Experimental Observation of a Fundamental Length Scale of Waves in Random Media
S. Barkhofen, J. Metzger, R. Fleischmann, U. Kuhl, H.-J. Stoeckmann

TL;DR
This paper reports the experimental observation of a fundamental length scale in wave transport through random media, revealing a new scaling behavior of wave branching and freak wave formation in weakly scattering environments.
Contribution
It provides the first experimental validation of a predicted fundamental length scale associated with wave fluctuations in random media, extending understanding beyond traditional mean free path concepts.
Findings
Scintillation index effectively assesses branching length scaling.
Experimental data confirms the existence of a new fundamental length scale.

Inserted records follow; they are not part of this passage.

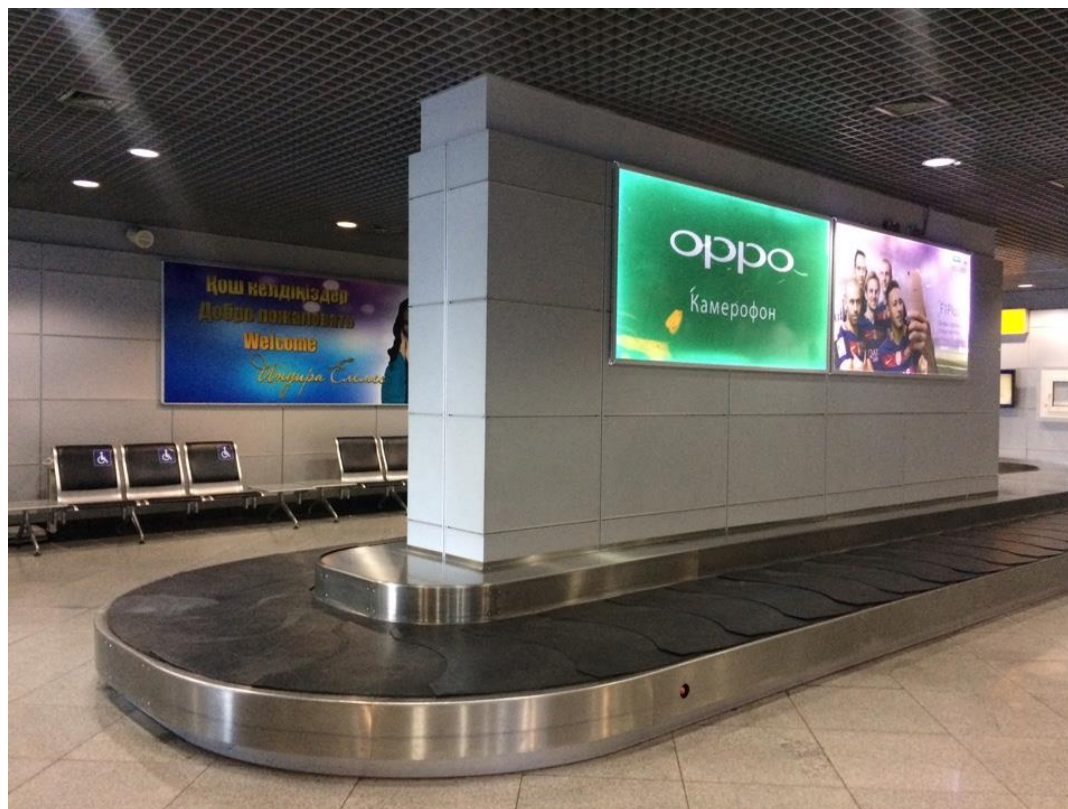

Зал прилета внутренних рейсов
Размер – 4*1,5 м.

Срок размещения минимум 3 месяца

Цена на 3 мес – 450 000 тг/мес

Цена на 6 мес – 390 000 тг/мес

Цена на 12 мес – 312 000 тг/мес

Монтаж, демонтаж, печать – 8 500тг/кв.м ●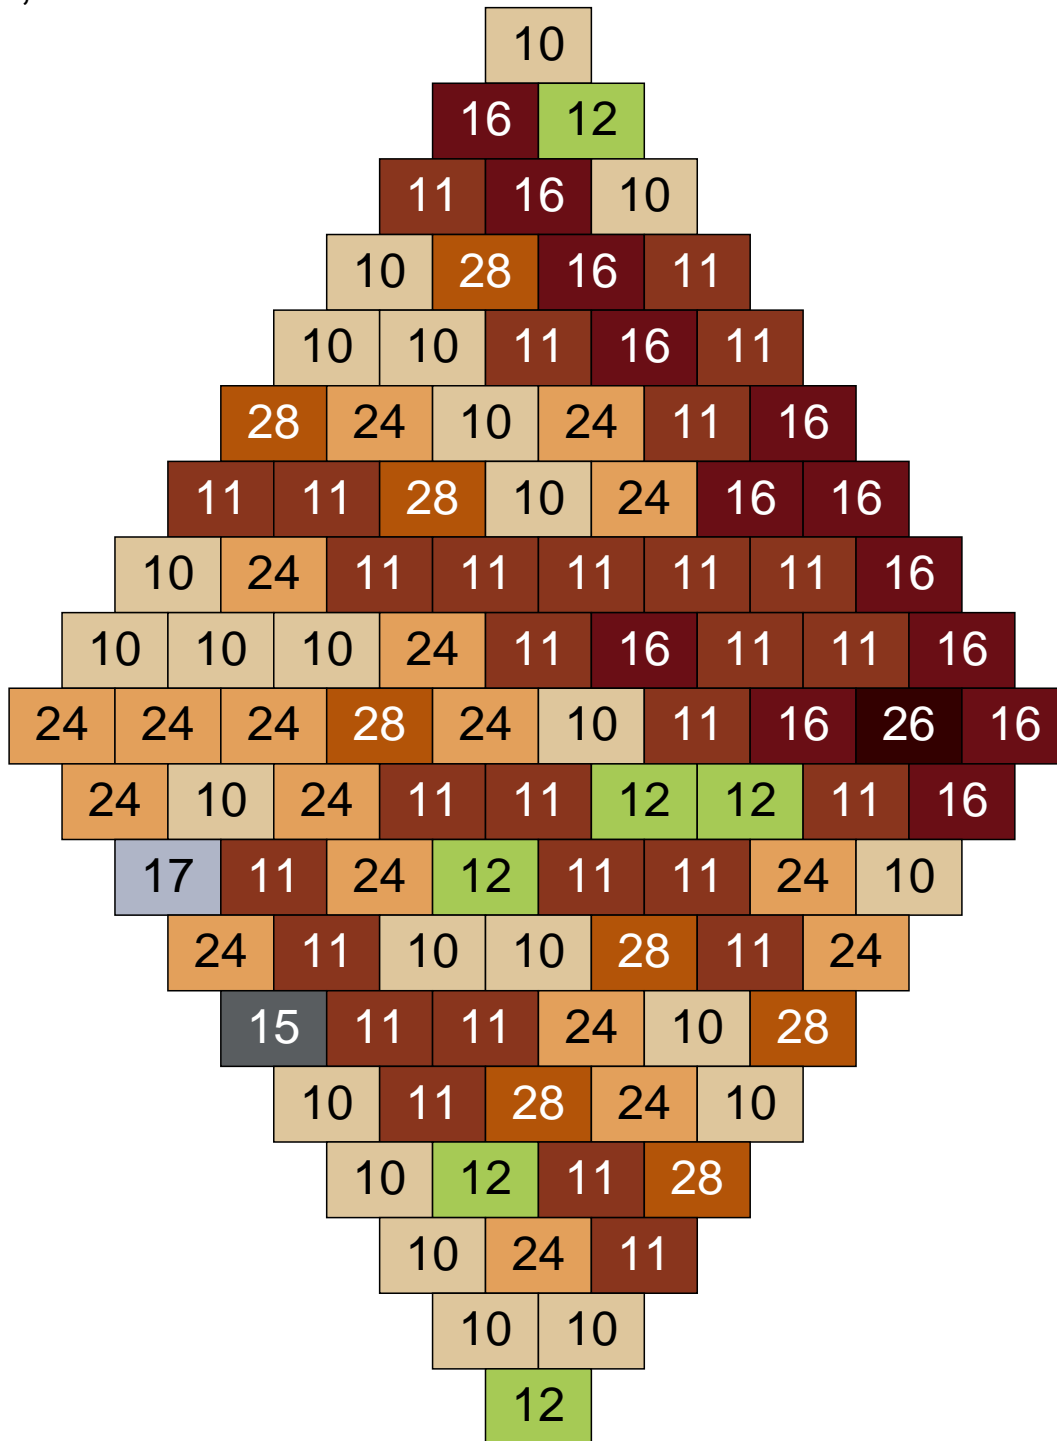

Ligne 17, Colonne 10

Couleur	Quantité
10 Beige clair	23
11 Marron	29
12 Vert fluo	6
15 Gris foncé	1
16 Rouge foncé	13
17 Gris clair	1
24 Caramel	18
26 Marron foncé	1
28 Orange foncé	8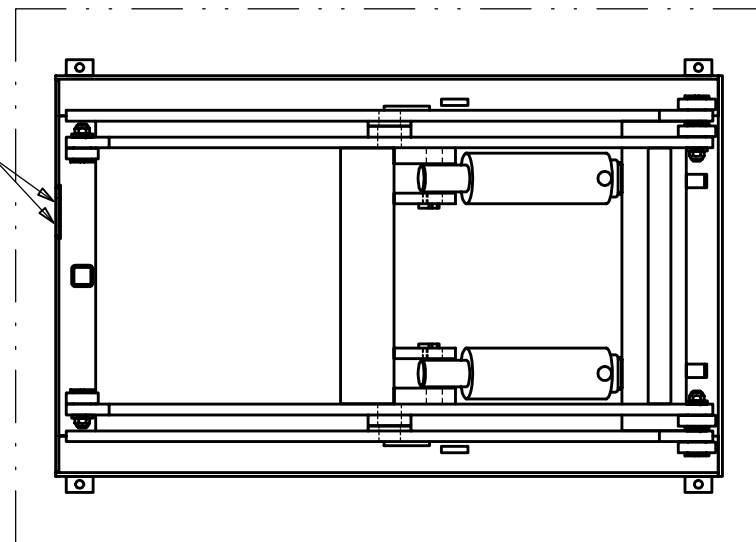

Elektro- und
Hydraulikanschluß

Aggregat außerhalb an 2m Schlauch!
Abmessungen ca.: lxbxh 900x550x250

Maßblatt ELS 5-10-8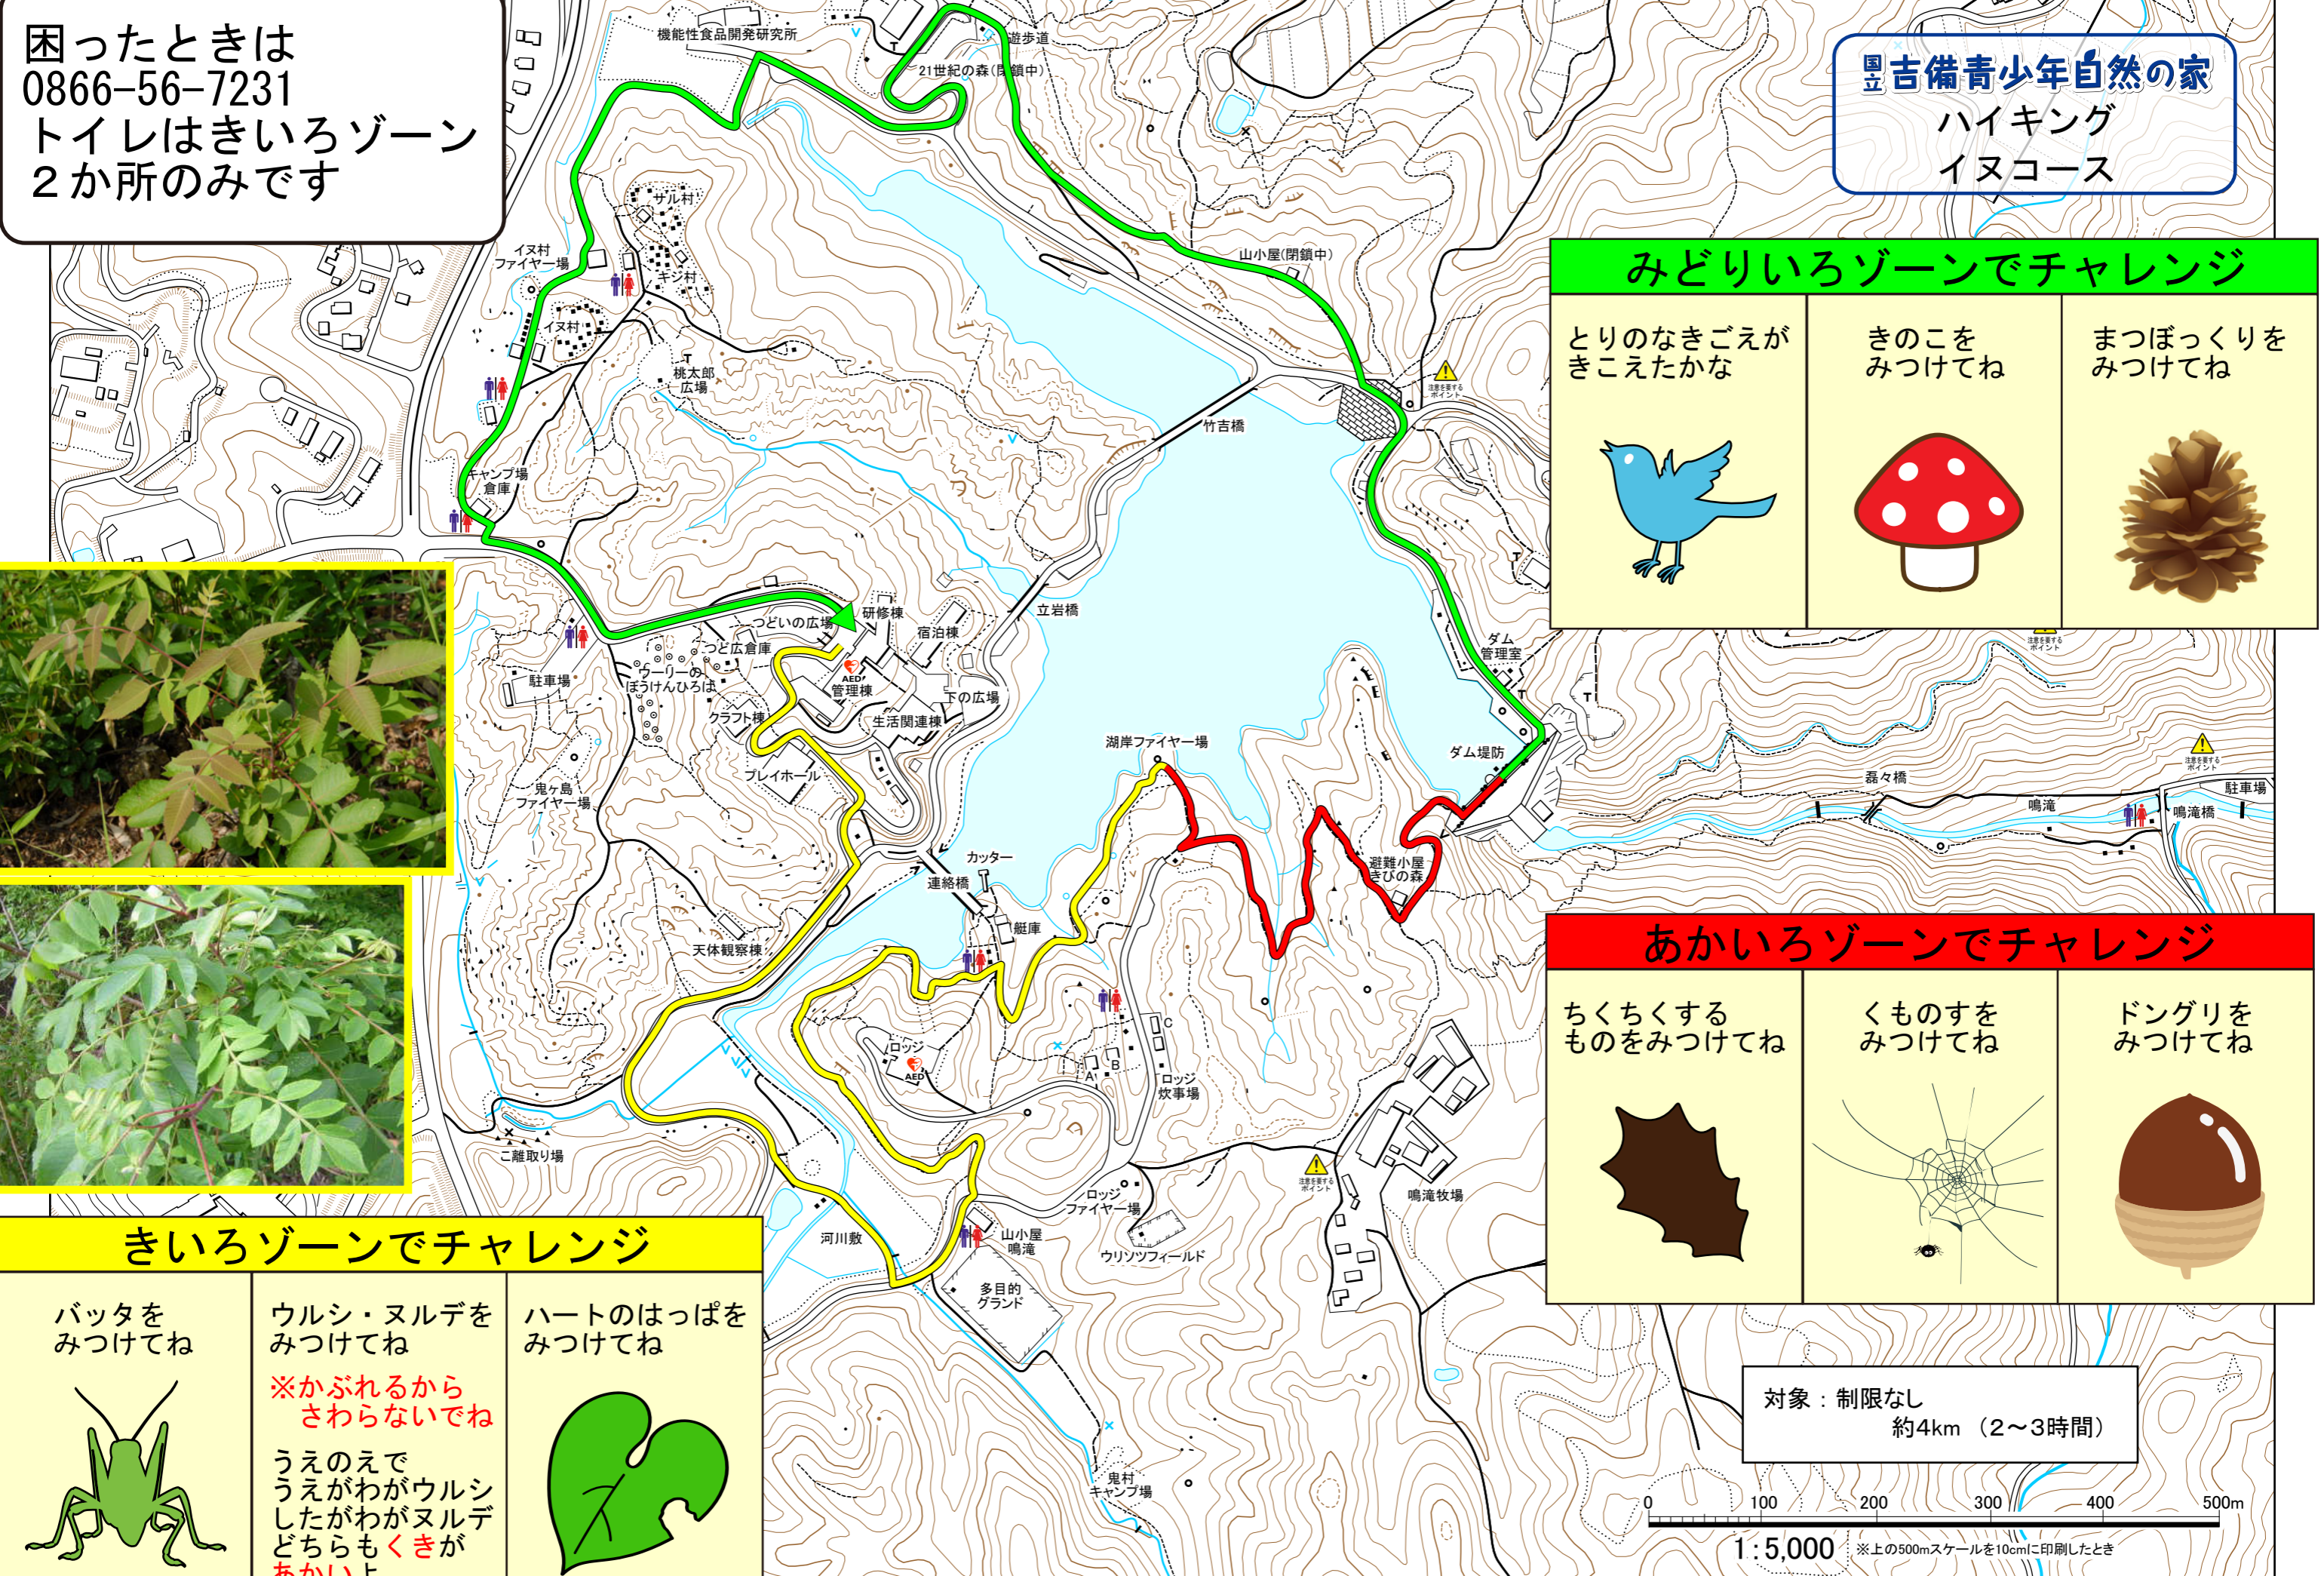

困ったときは
0866-56-7231
トイレはきいろゾーン
2か所のみです

吉備青少年自然の家
ハイキング
イヌコース

みどりいろゾーンでチャレンジ

<p>とりのなきごえが きこえたかな</p>	<p>きのこを みつけてね</p>	<p>まつぼっくりを みつけてね</p>
----------------------------	-----------------------	--------------------------

あかいろゾーンでチャレンジ

<p>ちくちくする ものをみつけてね</p>	<p>くものすを みつけてね</p>	<p>ドングリを みつけてね</p>
----------------------------	------------------------	------------------------

きいろゾーンでチャレンジ

<p>バッタを みつけてね</p>	<p>ウルシ・ヌルデを みつけてね</p> <p>※かぶれるから さわらないでね</p> <p>うえのえで うえがわがウルシ したがわがヌルデ どちらもくきが あかいよ</p>	<p>ハートのはっぱを みつけてね</p>
-----------------------	------------------------------------------------------------------------------------------------------------------	---------------------------

対象：制限なし
約4km (2~3時間)

1:5,000 ※上の500mスケールを10cmに印刷したとき

Scaling range exceeds predictions from random caustics statistics.
Abstract
Waves propagating through a weakly scattering random medium show a pronounced branching of the flow accompanied by the formation of freak waves, i.e., extremely intense waves. Theory predicts that this strong fluctuation regime is accompanied by its own fundamental length scale of transport in random media, parametrically different from the mean free path or the localization length. We show numerically how the scintillation index can be used to assess the scaling behavior of the branching length. We report the experimental observation of this scaling using microwave transport experiments in quasi-two-dimensional resonators with randomly distributed weak scatterers. Remarkably, the scaling range extends much further than expected from random caustics statistics.